LLamaSharp [BUG:] When switching to new versions of LLamaSharp 0.16.0, there was a slowdown

Description

After upgrading from KM 0.61 and LLamaSharp 0.13 to the latest versions, the processing ImportDocumentAsync/AskAsync speed has significantly decreased, almost 2 times. All settings and equipment are the same. I see that the GPU is now less loaded, previously CUDA was loaded more than 80%.

Import: Screenshot_1

Ask:

How do I get back to my previous speed? Thanks.

Reproduction Steps

Environment & Configuration

Operating system: Windows 11 .NET runtime version: 8.0.8 LLamaSharp version: 0.16.0 KernelMemory: 0.71... CUDA version (if you are using cuda backend): 12 CPU & GPU device: CPU or GPU, Intel Core Ultra 9 & RTX 3090

Known Workarounds

No response

Sep 04 '24 11:09 aropb

Launched Llama native

Sep 04 '24 15:09 aropb

apparently there was a similar problem https://github.com/SciSharp/LLamaSharp/issues/601

Sep 04 '24 16:09 aropb

GPU utilization is not more than 30%.

This my test code:

        ModelParams = new(Program.AppSettings.ModelPath)
        {
            Embeddings = false,
            ContextSize = 8192,
            Seed = 1337,
            MainGpu = 0,
            GpuLayerCount = 100,
            SplitMode = GPUSplitMode.Layer,
            BatchSize = 2048,
            UBatchSize = 2048
        };

        Weights = LLamaWeights.LoadFromFile(ModelParams);
        StatelessExecutor executor = new(Weights, ModelParams);
        
        InferenceParams inferenceParams = new()
        {
            SamplingPipeline = new DefaultSamplingPipeline()
            {
                Temperature = 0.5f,
                RepeatPenalty = 1.0f
            },
            MaxTokens = 2000,
            AntiPrompts = ["\n"]
        };

        StringBuilder sb = new(2048);

        await foreach (string text in executor.InferAsync(value, inferenceParams, cancellationToken))
        {
            sb.Append(text);
        }

        return sb.ToString();

Log:

  llama_new_context_with_model: n_ctx      = 8192
  llama_new_context_with_model: n_batch    = 2048
  llama_new_context_with_model: n_ubatch   = 2048
  llama_new_context_with_model: flash_attn = 0
  llama_new_context_with_model: freq_base  = 500000.0
  llama_new_context_with_model: freq_scale = 1
  llama_kv_cache_init:      CUDA0 KV buffer size =  1024.00 MiB
  llama_new_context_with_model: KV self size  = 1024.00 MiB, K (f16):  512.00 MiB, V (f16):  512.00 MiB
  llama_new_context_with_model:  CUDA_Host  output buffer size =     0.49 MiB
  llama_new_context_with_model:      CUDA0 compute buffer size =  2240.02 MiB
  llama_new_context_with_model:  CUDA_Host compute buffer size =    96.02 MiB
  llama_new_context_with_model: graph nodes  = 1030
  llama_new_context_with_model: graph splits = 2

Large buffer size: CUDA 0 compute buffer size = 2240.02 MiB

Because n_ubatch=2048, but I can't do less because llamasharp has a check for n_batch==n_ubatch. Why?

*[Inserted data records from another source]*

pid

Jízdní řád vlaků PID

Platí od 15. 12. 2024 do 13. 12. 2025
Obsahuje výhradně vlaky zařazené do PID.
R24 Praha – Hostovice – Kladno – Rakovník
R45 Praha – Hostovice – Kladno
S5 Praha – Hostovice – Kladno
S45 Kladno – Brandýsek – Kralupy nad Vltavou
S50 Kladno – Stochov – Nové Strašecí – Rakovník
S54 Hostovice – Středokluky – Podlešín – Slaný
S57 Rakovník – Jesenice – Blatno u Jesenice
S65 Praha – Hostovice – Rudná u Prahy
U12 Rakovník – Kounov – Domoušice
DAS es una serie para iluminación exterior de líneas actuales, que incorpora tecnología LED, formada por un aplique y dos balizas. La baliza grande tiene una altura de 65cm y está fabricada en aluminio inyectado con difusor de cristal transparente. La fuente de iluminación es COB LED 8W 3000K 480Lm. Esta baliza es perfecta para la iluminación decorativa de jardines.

public LLamaEmbedder(LLamaWeights weights, IContextParams @params, ILogger? logger = null)
{
    if (@params.UBatchSize != @params.BatchSize)
        throw new ArgumentException("For non-causal models, batch size must be equal to ubatch size", nameof(@params));
    if (weights.NativeHandle is { HasEncoder: true, HasDecoder: true })
        throw new NotSupportedException("Computing embeddings in encoder-decoder models is not supported");

    Context = weights.CreateContext(@params, logger);
    NativeApi.llama_set_embeddings(Context.NativeHandle, true);
}

And I need to install n_batch in 2048, otherwise it gives an error.

Does anyone have the same behavior?

Sep 05 '24 16:09 aropb

What model are you using, how many tokens are you processing at once, and how are you measuring GPU utilisation?

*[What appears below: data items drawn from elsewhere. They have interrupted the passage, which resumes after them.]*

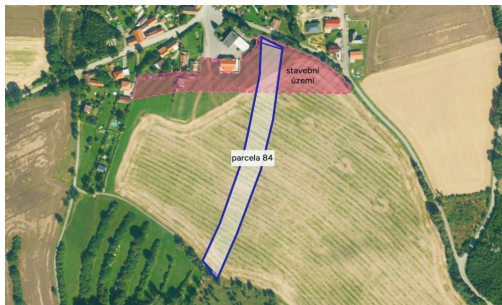

MojePole.cz

Prodej - Pozemky

číslo zakázky: 8401-3

Pozemek, bydlení, prodej, Horní Hořice, Dolní Hořice, Tábor

39155, Dolní Hořice

2 145 330 Kč
za nemovitost

Vyřizuje

Petr Šmigol

Tel.: +420 730701640

GSM: +420 730701640

E-mail:

smigol@mojepole.cz

Celková plocha: 9 850 m²

Druh pozemku: pro bydlení

POPIS NEMOVITOSTI: Nabízím k prodeji soubor dvou sousedících pozemků o celkové výměře 9 850 m, nacházejících se v katastrálním území Hořice u Humpolce, okres Pelhřimov. Pozemky jsou zapsány na LV 338 a jedná se o parcely č. 84 a 85 ve vylučném vlastnictví.

K pozemkům je zajištěn přístup a dle územního plánu obce mají následující využití:

Parcela č. 84 o výměře 9 724 m leží částečně v ploše smíšené obytné venkovské (cca 1 800 m), dále v územní rezervě plochy smíšené obytné venkovské (cca 1 200 m) a ve zbývající části v ploše zemědělské (cca 6 724 m). V západní části je navržena plocha pro koridor technické infrastruktury.

Parcela č. 85 o výměře 126 m je celou svou výměrou určena jako plocha smíšená obytná venkovská, a rovněž v její západní části se nachází plocha určená pro koridor technické infrastruktury.

Pozemky díky svému územnímu určení nabízejí široké možnosti využití jak pro bydlení, tak i pro hospodářské či technické zázemí.

Pro více informací o tomto pozemku mne kontaktujte telefonicky nebo e-mailem. Pozemek nabízím k exkluzivnímu prodeji v zastoupení vlastníka. Cena je uvedena včetně provize a DPH.

Sep 05 '24 23:09 martindevans

Model [ggml-model-Q4_K_M.gguf] https://huggingface.co/ruslandev/llama-3-8b-gpt-4o-ru1.0-gguf/blob/main/ggml-model-Q4_K_M.gguf

In the text above, the value line is: come up with and write a poem about summer.

Measuring GPU utilisation: the graphs are higher and the most important thing is to increase the response time by 2 times, create embeddings. I'm looking at the CUDA usage chart.

The same model works correctly in version 0.13.0. GPU CUDA is used by more than 80%.

https://huggingface.co/lmstudio-community/Meta-Llama-3.1-8B-Instruct-GGUF/blob/main/Meta-Llama-3.1-8B-Instruct-Q4_K_M.gguf:

Sep 06 '24 06:09 aropb

This problem is only on the GPU

Sep 07 '24 08:09 aropb

I found out why the performance drops sharply. This is the TypicalP parameter. All the graphs above were given a value of 0 (this is default valie in DefaultSamplingPipeline())!

If TypicalP = 1

This is already much better. But still, I only see a load of about 60%, how can I achieve more than 80% as LLama native? And why does this parameter have such an effect?

Sep 09 '24 18:09 aropb

The default values in DefaultSamplingPipeline should be the same as the default sampling values in the llama.cpp main application. Typical P is documented as having a default value of 1.0. So it looks like that's a bug in the default values for DefaultSamplingPipeline..

Would you like to submit a PR changing that default value? If so, and if you want to go put in some extra effort, checking all of the default values against the readme I linked above would be a good idea :)

And why does this parameter have such an effect?

All the parameter is doing is enabling a new sampling stage in llama.cpp (it's disabled entirely when the value is 1.0), so presumably it's just that expensive to calculate typical-p.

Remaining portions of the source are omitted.